Restate the listing below line for line and word for word, without the pictures.

- - - - -

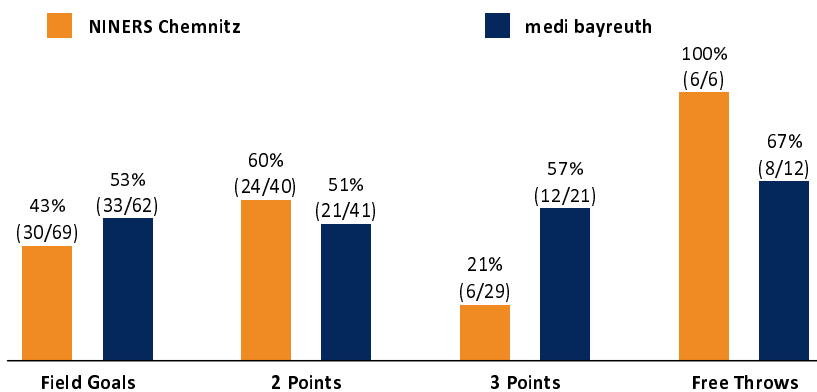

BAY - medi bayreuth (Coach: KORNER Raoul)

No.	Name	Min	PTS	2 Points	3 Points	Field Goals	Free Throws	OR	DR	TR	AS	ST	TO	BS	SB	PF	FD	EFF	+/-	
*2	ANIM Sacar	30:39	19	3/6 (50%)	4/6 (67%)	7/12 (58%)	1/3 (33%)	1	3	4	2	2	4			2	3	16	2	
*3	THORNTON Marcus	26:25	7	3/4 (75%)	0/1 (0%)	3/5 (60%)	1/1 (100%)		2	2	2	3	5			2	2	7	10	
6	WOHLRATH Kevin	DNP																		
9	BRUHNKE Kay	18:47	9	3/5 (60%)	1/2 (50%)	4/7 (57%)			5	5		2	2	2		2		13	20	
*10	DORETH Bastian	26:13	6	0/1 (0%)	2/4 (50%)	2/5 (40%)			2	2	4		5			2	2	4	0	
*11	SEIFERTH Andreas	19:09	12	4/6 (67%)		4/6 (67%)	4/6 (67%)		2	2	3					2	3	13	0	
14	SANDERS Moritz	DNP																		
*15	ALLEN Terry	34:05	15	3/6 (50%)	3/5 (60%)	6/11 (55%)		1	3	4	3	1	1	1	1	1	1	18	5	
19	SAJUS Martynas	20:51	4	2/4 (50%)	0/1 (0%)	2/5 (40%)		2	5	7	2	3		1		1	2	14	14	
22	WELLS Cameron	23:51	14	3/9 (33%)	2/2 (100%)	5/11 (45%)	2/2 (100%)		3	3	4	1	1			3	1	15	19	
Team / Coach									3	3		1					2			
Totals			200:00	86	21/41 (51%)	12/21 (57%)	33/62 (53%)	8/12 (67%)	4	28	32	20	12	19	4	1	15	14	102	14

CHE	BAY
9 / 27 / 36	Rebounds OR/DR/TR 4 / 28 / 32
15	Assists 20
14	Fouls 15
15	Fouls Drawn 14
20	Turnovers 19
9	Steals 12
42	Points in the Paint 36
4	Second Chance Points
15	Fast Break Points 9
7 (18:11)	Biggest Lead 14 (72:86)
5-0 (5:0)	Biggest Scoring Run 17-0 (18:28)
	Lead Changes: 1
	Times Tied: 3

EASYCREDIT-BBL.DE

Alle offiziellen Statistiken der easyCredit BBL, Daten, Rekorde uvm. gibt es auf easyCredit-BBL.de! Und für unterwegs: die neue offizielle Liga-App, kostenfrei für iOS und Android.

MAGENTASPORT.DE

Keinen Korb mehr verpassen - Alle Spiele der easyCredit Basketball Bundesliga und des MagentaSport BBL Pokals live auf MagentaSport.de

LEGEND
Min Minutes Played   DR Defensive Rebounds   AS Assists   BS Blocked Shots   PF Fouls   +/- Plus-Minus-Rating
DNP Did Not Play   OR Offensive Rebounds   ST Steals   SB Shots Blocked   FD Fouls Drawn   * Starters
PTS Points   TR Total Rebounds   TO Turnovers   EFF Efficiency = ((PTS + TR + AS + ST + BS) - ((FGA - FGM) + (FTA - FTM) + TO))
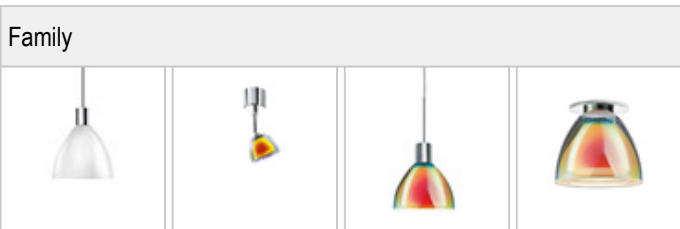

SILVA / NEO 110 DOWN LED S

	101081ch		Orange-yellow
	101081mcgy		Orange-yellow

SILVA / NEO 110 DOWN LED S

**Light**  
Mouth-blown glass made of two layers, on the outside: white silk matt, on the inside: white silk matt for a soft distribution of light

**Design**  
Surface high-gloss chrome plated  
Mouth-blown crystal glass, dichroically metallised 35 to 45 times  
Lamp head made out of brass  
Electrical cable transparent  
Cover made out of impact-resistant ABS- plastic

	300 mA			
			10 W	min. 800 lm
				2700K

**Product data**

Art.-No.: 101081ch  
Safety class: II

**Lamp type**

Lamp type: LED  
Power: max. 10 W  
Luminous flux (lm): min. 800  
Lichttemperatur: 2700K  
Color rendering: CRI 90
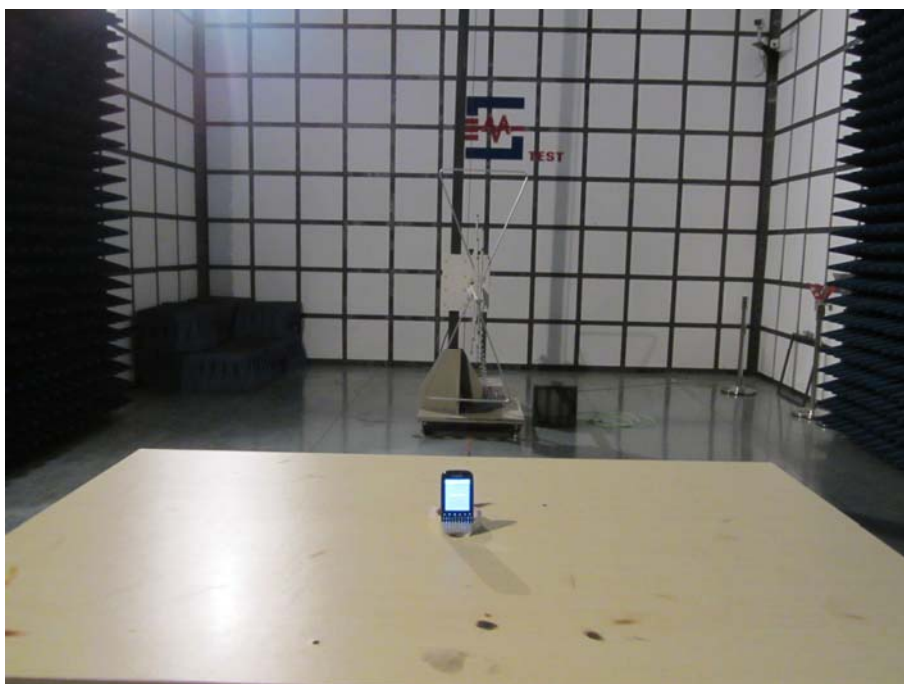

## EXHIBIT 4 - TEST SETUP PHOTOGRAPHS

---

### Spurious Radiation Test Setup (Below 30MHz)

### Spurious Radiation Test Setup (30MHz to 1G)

- - - - -

**ANSWER SECTION**
BAY - medi bayreuth (Coach: KORNER Raoul)

No.	Name	Min	PTS	2 Points	3 Points	Field Goals	Free Throws	OR	DR	TR	AS	ST	TO	BS	SB	PF	FD	EFF	+/-	
*2	ANIM Sacar	30:39	19	3/6 (50%)	4/6 (67%)	7/12 (58%)	1/3 (33%)	1	3	4	2	2	4			2	3	16	2	
*3	THORNTON Marcus	26:25	7	3/4 (75%)	0/1 (0%)	3/5 (60%)	1/1 (100%)		2	2	2	3	5			2	2	7	10	
6	WOHLRATH Kevin	DNP																		
9	BRUHNKE Kay	18:47	9	3/5 (60%)	1/2 (50%)	4/7 (57%)			5	5		2	2	2		2		13	20	
*10	DORETH Bastian	26:13	6	0/1 (0%)	2/4 (50%)	2/5 (40%)			2	2	4		5			2	2	4	0	
*11	SEIFERTH Andreas	19:09	12	4/6 (67%)		4/6 (67%)	4/6 (67%)		2	2	3					2	3	13	0	
14	SANDERS Moritz	DNP																		
*15	ALLEN Terry	34:05	15	3/6 (50%)	3/5 (60%)	6/11 (55%)		1	3	4	3	1	1	1	1	1	1	18	5	
19	SAJUS Martynas	20:51	4	2/4 (50%)	0/1 (0%)	2/5 (40%)		2	5	7	2	3		1		1	2	14	14	
22	WELLS Cameron	23:51	14	3/9 (33%)	2/2 (100%)	5/11 (45%)	2/2 (100%)		3	3	4	1	1			3	1	15	19	
Team / Coach									3	3		1					2			
Totals			200:00	86	21/41 (51%)	12/21 (57%)	33/62 (53%)	8/12 (67%)	4	28	32	20	12	19	4	1	15	14	102	14

CHE	BAY
9 / 27 / 36	Rebounds OR/DR/TR 4 / 28 / 32
15	Assists 20
14	Fouls 15
15	Fouls Drawn 14
20	Turnovers 19
9	Steals 12
42	Points in the Paint 36
4	Second Chance Points
15	Fast Break Points 9
7 (18:11)	Biggest Lead 14 (72:86)
5-0 (5:0)	Biggest Scoring Run 17-0 (18:28)
	Lead Changes: 1
	Times Tied: 3

EASYCREDIT-BBL.DE

Alle offiziellen Statistiken der easyCredit BBL, Daten, Rekorde uvm. gibt es auf easyCredit-BBL.de! Und für unterwegs: die neue offizielle Liga-App, kostenfrei für iOS und Android.

MAGENTASPORT.DE

Keinen Korb mehr verpassen - Alle Spiele der easyCredit Basketball Bundesliga und des MagentaSport BBL Pokals live auf MagentaSport.de

LEGEND
Min Minutes Played   DR Defensive Rebounds   AS Assists   BS Blocked Shots   PF Fouls   +/- Plus-Minus-Rating
DNP Did Not Play   OR Offensive Rebounds   ST Steals   SB Shots Blocked   FD Fouls Drawn   * Starters
PTS Points   TR Total Rebounds   TO Turnovers   EFF Efficiency = ((PTS + TR + AS + ST + BS) - ((FGA - FGM) + (FTA - FTM) + TO))

SILVA / NEO 110 DOWN LED S

	101081ch		Orange-yellow
	101081mcgy		Orange-yellow

SILVA / NEO 110 DOWN LED S

**Light**  
Mouth-blown glass made of two layers, on the outside: white silk matt, on the inside: white silk matt for a soft distribution of light

**Design**  
Surface high-gloss chrome plated  
Mouth-blown crystal glass, dichroically metallised 35 to 45 times  
Lamp head made out of brass  
Electrical cable transparent  
Cover made out of impact-resistant ABS- plastic

	300 mA			
			10 W	min. 800 lm
				2700K

**Product data**

Art.-No.: 101081ch  
Safety class: II

**Lamp type**

Lamp type: LED  
Power: max. 10 W  
Luminous flux (lm): min. 800  
Lichttemperatur: 2700K  
Color rendering: CRI 90

## EXHIBIT 4 - TEST SETUP PHOTOGRAPHS

---

### Spurious Radiation Test Setup (Below 30MHz)

### Spurious Radiation Test Setup (30MHz to 1G)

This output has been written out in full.